** Task to complete **
Only lines with the word "thread" belong in the answer; copy them from the records below.

#### Listed entries

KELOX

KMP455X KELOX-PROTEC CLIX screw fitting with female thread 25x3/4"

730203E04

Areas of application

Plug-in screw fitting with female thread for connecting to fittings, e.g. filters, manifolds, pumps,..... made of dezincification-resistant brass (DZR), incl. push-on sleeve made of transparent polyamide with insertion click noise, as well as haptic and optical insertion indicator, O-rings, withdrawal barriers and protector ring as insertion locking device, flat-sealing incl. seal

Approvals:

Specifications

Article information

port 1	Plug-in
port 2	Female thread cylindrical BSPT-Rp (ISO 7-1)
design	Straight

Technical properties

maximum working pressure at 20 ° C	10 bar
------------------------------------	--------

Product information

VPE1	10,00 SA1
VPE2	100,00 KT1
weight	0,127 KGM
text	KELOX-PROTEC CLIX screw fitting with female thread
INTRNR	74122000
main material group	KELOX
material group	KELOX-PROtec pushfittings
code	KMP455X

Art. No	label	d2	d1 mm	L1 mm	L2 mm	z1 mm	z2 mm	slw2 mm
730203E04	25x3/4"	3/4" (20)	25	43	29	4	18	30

########

** Solution to this exercise **
KMP455X KELOX-PROTEC CLIX screw fitting with female thread 25x3/4"
Plug-in screw fitting with female thread for connecting to fittings, e.g. filters, manifolds, pumps,..... made of dezincification-resistant brass (DZR), incl. push-on sleeve made of transparent polyamide with insertion click noise, as well as haptic and optical insertion indicator, O-rings, withdrawal barriers and protector ring as insertion locking device, flat-sealing incl. seal
port 2	Female thread cylindrical BSPT-Rp (ISO 7-1)
text	KELOX-PROTEC CLIX screw fitting with female thread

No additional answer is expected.